### WORK REQUIRED
Every record below is to be restated word for word, and no picture is to be copied.

### DATASET
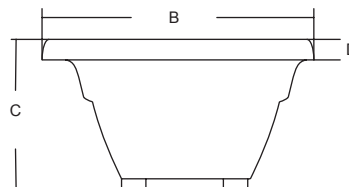

6036 Soaking Bathtub

FES6036BUXXXX

TECHNICAL SPECIFICATIONS

	English	Metric
Outer Dimensions	60" L x 36" W x 19¼" H	1524mm x 914mm x 489mm
Interior Dimensions (bottom of bath) L x W	41" L x 23" W	1041mm x 584mm
Drain/Overflow Configuration	Universal	
Bath Weight (empty)	62lbs	28kg
Total Weight/Floor Loading	785lb / 52lb / ft ²	356kg / 255kg / m ²
Operating Gallonage (min-max)	45 U.S. Gal.(min) / 54 U.S. Gal.(max)	170 Liters (min) / 204 Liters (max)
Cut Out	58" x 34"	1473mm x 864mm

FEATURES, UPGRADES & ACCESSORIES

Material Type: High-Gloss Acrylic
Install Type: Drop-In
Available Colors: (W) White, (A) Almond, (O) Oyster

Available Accessories:
Tile Flange Kit: 5817000
Skirt: Optional U-Frame P/N 9745
Drain Kit: HP55
 Chrome (827)
 Brushed Nickel (826)
 Oil Rubbed Bronze (845)

KEY DIMENSIONS

Letter	Description	English	Metric
A	Outer Length	60"	1524 mm
B	Outer Width	36"	914 mm
C	Overall Height	19¼"	489 mm
D	Deck Height	2"	51mm
E	Overflow Height	15⅜"	391 mm
F	Drain Shoe Length	6½"	165 mm
G	Deck Edge to Drain Center	8⅝"	219mm

SIDE VIEW

END VIEW

DRAIN/OVERFLOW

### SOLUTION
6036 Soaking Bathtub

FES6036BUXXXX

TECHNICAL SPECIFICATIONS

	English	Metric
Outer Dimensions	60" L x 36" W x 19¼" H	1524mm x 914mm x 489mm
Interior Dimensions (bottom of bath) L x W	41" L x 23" W	1041mm x 584mm
Drain/Overflow Configuration	Universal	
Bath Weight (empty)	62lbs	28kg
Total Weight/Floor Loading	785lb / 52lb / ft ²	356kg / 255kg / m ²
Operating Gallonage (min-max)	45 U.S. Gal.(min) / 54 U.S. Gal.(max)	170 Liters (min) / 204 Liters (max)
Cut Out	58" x 34"	1473mm x 864mm

FEATURES, UPGRADES & ACCESSORIES

Material Type: High-Gloss Acrylic
Install Type: Drop-In
Available Colors: (W) White, (A) Almond, (O) Oyster

Available Accessories:
Tile Flange Kit: 5817000
Skirt: Optional U-Frame P/N 9745
Drain Kit: HP55
 Chrome (827)
 Brushed Nickel (826)
 Oil Rubbed Bronze (845)

KEY DIMENSIONS

Letter	Description	English	Metric
A	Outer Length	60"	1524 mm
B	Outer Width	36"	914 mm
C	Overall Height	19¼"	489 mm
D	Deck Height	2"	51mm
E	Overflow Height	15⅜"	391 mm
F	Drain Shoe Length	6½"	165 mm
G	Deck Edge to Drain Center	8⅝"	219mm

SIDE VIEW

END VIEW

DRAIN/OVERFLOW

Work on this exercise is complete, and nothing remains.